Nature is not natural and can never be naturalized — Graham Harman

Monday, March 11, 2013

An Undergraduate Questions OOO

Watch out world, these are the students of Rice University. My answers are appended to each one. 



1. How are objects ontologically prior to relationships? Is it that because objects are unreachable in a phenomenological way, we acknowledge the existence of such objects in themselves that we can't acknowledge in any further way? - That is to say, we know there's an actual object, but since we can't access it, we can say nothing more about it than that?

Objects are reachable phenomenologically. But never exhaustively. Hitting a stone with a laser may turn it to powder--but that doesn't access the stone as stone. In fact now you have a million problems where before you had just one: instead of a single stone, you have millions of particles of powder! 

We can say loads more about objects than just the fact that the exist. Objects aren't just hunks of whateverness: they are lizards, Rubik's cubes and the Oort Cloud. 

The best way to think about "withdrawal" is that things are so specific, so unique, that they can't be totally specified or accessed by anything. Even themselves. 

The other thing is that frogs, butter knives and protons also get to say things about objects, not just humans...


i. Causality as "in front" of objects- What does "in front" mean?


It means ontologically in front, not spatially. Objects are prior to relations, which is where causality lives. 


2. You say that there is no environment - no middle space in which everything floats. What, then, becomes of Harman's intermediary in his argument for "vicarious causation" and his plate tectonics of ontology? Or is this a mystery, too?


Harman's intermediary is also an entity that is not more real than other entities. Concepts such as world and environment are reductive in that they are taken to be more real than what comprises them. 

Another way of looking at it is that, if everything has a world (crystals, trees, bunny rabbits) then nothing does. World is the sort of concept that belongs to one or a few things, because it is normative. Heidegger says stones and lizards lack a world or are "poor in world." Humans have worlds because they are better at making things real, for Heidegger. 


3. I was talking about OOO to my philosopher friend, who does not believe in essence, and I realized I don't really know how to explain the rift between an object's appearance and its essence. 

It's a very tricky concept. I am embarking on a longer term book project called Weird Essentialism just to explain it to myself! But you can tell your friend something like this: almost every Western philosophy makes a distinction between essence and appearance that involves a metaphysics of presence. This means that the essence of a thing is more real than its appearance, and that this realness means being constantly present.

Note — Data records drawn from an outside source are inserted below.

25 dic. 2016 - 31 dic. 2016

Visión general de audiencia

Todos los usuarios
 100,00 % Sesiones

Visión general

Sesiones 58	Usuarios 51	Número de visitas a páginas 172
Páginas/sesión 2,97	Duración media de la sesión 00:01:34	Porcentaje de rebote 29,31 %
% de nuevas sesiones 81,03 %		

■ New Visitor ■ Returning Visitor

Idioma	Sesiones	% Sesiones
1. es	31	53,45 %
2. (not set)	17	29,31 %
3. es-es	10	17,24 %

Underlying the appearance of this blue mug is an actual thing that doesn't change (as much): atoms, some kind of form, eidos, and so on. 

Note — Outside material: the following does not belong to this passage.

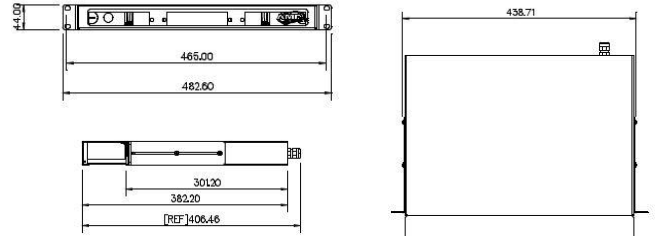

Bandeja FO Deslizable con Correrías Extraíbles - 19"

C (Negro: 4-1657014-8)

For Plato and all the rest there should be a clear dotted line between essence and appearance: your job is to be able to separate essence from appearance. I'm arguing that they are inseparable although they are different. 



4. What is an object? Is everything an object? Are ideas objects?

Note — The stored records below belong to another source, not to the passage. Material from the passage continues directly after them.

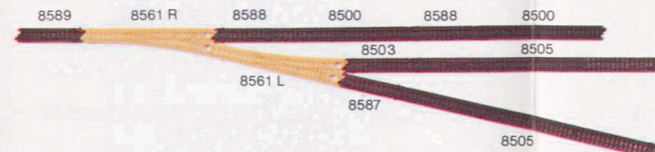

Inhalt	Maßstab	1:2
Contents	Scale	1:2
Contenu	Echelle	1:2
Inhoud	Schaal	1:2
Contenido	Escala	1:2
Contenuto	Scala	1:2
Innehåll	Skala	1:2
Indhold	Målestok	1:2

- 50×8500 (8590)
- 28×8503 (8587, 8588, 8589)
- 20×8504
- 40×8505
- 6×8506
- 5×8507
- 2×8978
- 1×8979
- 1×8994

- 24×8510
- 16×8520
- 12×8521 (8529)
- 3×8567 L
- 3×8567 R
- 16×8530
- 6×8531 (8539)
- 3×8560
- 8×8561 L (8564 L)
- 8×8561 R (8564 R)
- 16×8591

Stückliste erstellen
Producing a list of items
Acheter les articles nécessaires
Stuklijst samenstellen
Componer la lista de material a utilizar
Compilare un elenco dei pezzi occorrenti
En stycklista sammanställs
Der laves en styckliste

An object is a thing that has a rift between its essence and its appearance, a rift that makes it appear contradictory in some way. If a thing doesn't have that it isn't an object. Ideas are objects. I sometimes say "entity" or "being" just to lose the prejudice we all have about the word "object."



5. Is everything becoming - not being?


Becoming is just another metaphysically present thing--something taken as more real than the things that temporarily poke out of it. This is basically why Heidegger thinks Nietzsche had it wrong. Nietzsche substituted a metaphysics of presence based on somewhat static things for one based on somewhat fluid things. But fluidity doesn't make you more real than stasis. There is a popular prejudice nowadays that it does. 


6. Do essences ever die? (Is this why one can never kill oneself?)

Essences die all the time, which is why things happen. You can't kill yourself because the you who is killing yourself is different from the you who is killed. But in another sense, suicide does happen all the time just because things really are fragile. Essences collapse into appearances, that is what dying is, in this philosophy. Even a black hole, from which nothing escapes, eventually evaporates because of its appearance (Hawking radiation). In the end, the appearance of a thing is fatal to a thing. 


7. If the future is withdrawal, and poems are of the future, how do they happen? Does this have anything to do with the birthing of new objects, which happens outside of time?

Poems are train stations where the past slides against the future, not touching. The essence or meaning of a poem is (in) the future. The form is (in) the past. Poems happen, sometimes, when a human creates a really nice train station for the trains to slide past one another. A poet allows the past to slide against the future... There are lots of ways to make this happen. One way is to cause words and phrases to malfunction. 

This does help to think about novelty (which is your second question). A new thing is a whole new temporality, and so it's "outside" time to the extent that it's not anything else--and time just is a thing that flows out of objects. There are no objects "in" time at all.